It seems like overkill for most/all things I'd ever want to do. Powershell objects seem very very powerful, but they seemed like too much.

Nushell seems like a nice compromise. Avoids the overkill functionality of Powershell.


Semantically, a one-dimensional list/array of “things” can be trivially transposed into a series of lines with a linebreak separator, but I don’t think the same holds true for a “list of lists” (2-dimensional data) or a “list of lists of lists” (3D data) etc. At least without a standard begin-end list delimiter that allows nesting.

Just thinking about a way that perhaps an old tool can be “wrapped” to be tricked into working with 2+-dimensional data by somehow divvying up the 2+ dimension input data into concurrent 1-dimensional streams, but this seems to require a way to represent more than 1 dimension of data without breaking existing utilities (unless there was, like, a wrapper/unwrapper layer that handled this...)

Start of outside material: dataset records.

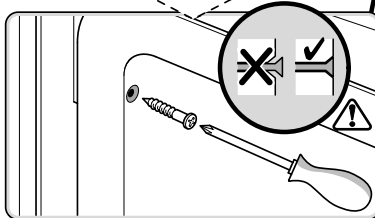

Torx
T 20

Torx T 15 Torx T 20

verspannen
brace
calar verticalement
Enrasar

Ø4X36

Ø4X15

Torx T 20

Dichtheit prüfen
Check for leaks
Verifiez l'étanchéité
Verificar la estanqueidad

max. 10 Nm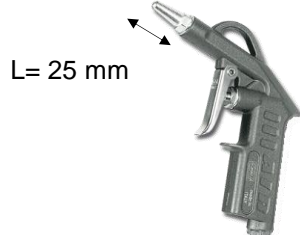

PISTOLE DI SOFFIAGGIO

PISTOLA METALLICA PER ARIA A BECCO CORTO

CODICE	ATTACCO	CONFEZ.	PORTATA 6 bar
AM-60	FEMMINA 1/4"	10 pezzi	200 NI/min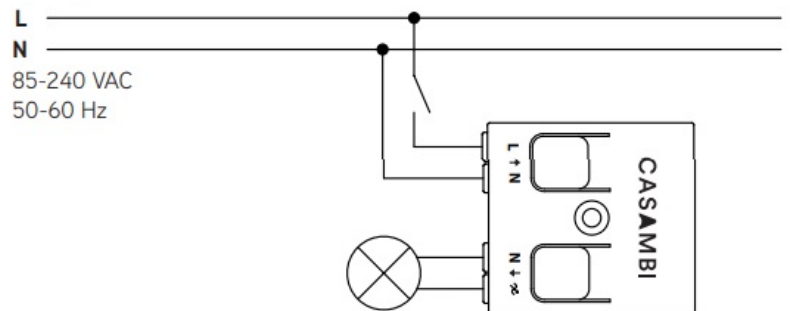

7

8

KIT0080 - CASAMBI

1

2

3

0 - 1000mm

1000 - 2200mm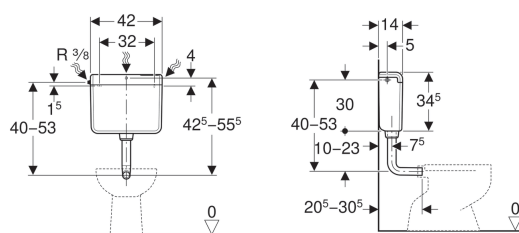

Geberit splachovací nádržka na omítce AP112, splachování Start/Stop, přívod vody boční nebo vzadu uprostřed

Vlastnosti

- Nízká hlučnost
- Splachování Start/Stop
- Izolace proti orosování
- Nízkopoložená
- Přívod vody boční nebo vzadu uprostřed

Obsah dodávky

- Řetízkové táhlo
- Pancéřová hadička 3/8"
- Splachovací koleno 90° z ABS, \varnothing 50 / 44 mm, 23 x 23 cm
- Manžeta z EPDM, \varnothing 44 / 55 mm
- Upevňovací materiál

Technické údaje

It’s worth noting that Powershell is available on Linux. Objects are pretty cool. https://docs.microsoft.com/en-us/powershell/scripting/instal...


It works pretty well on the Mac now, too.


"Worse is better" is not some absolute truth or philosophy and *NIX has won: Android, MacOS, WSL.

There's no real alternative for many profesionals, if they want to be employable.

Maybe we should accept this fact and try to make everyone's life easier than be stuck up and push people away.

There's no law that says that Unix tools can't be extended.

And heck, basic POSIX tools violate so many Unix principles...


When perl came along it killed the 'Unix one tool philosophy' dead as a doornail. And since then and people have just kinda ignored the smell coming off the rotting corpse.

I don't write complex scripts in shell anymore because it's insanity. But ad-hoc loops and crap like that... hell yeah. At least a few a day. Sometimes dozens.

People need to be reminded, I think, that shell isn't a programming language first. It's a user interface. And when I look at Powershell scripts and other things of that nature and think about living in Powershell day in and day out I don't see the big pay-off over something like fish.

'Is this going to make it so I can get my work done faster?'

'Is this going to be more pleasant to use as a primary interface for a OS?'

When I go into fish or zsh and use curl to grab json and 'jq' to get a idea of how to use the API in python or node...

versus running 'curl' in powershell against some random API I have never used before..

I get the distinct impression that 'This is fucking garbage' in that It would take me a lot longer to figure out how to use powershell in a useful way then the time I would save by doing so in the long run.


The irony is that the very attempt to be one tool for everything caused Perl's own destruction. Perl 5 is still used by some veterans for small scripts but who wants to use Perl 6?

Unix follows the KISS principle, and that is key for success. Albert Einstein said: "Keep things as simple as possible but not too simple". In that sense Unix and Posix are well done. However, that doesn't mean that good ideas like Nushell are not welcome.


I think the failure of Perl 6 was caused by a lack of community building and implementation leadership, not by trying to be too many things at once.


Yeah, I tried using Powershell as my shell and that's when I found out Powershell is more about the scripting language than an optimized shell used for everyday use. I was confronted with this almost immediately because one of the things I rely on most in Bash is 'dirs -v', pushd and popd. I have dirs aliased to dirs -v and I usually have 15-20 paths on my stack. I'll leave implementing the same functionality in Powershell as a user exercise.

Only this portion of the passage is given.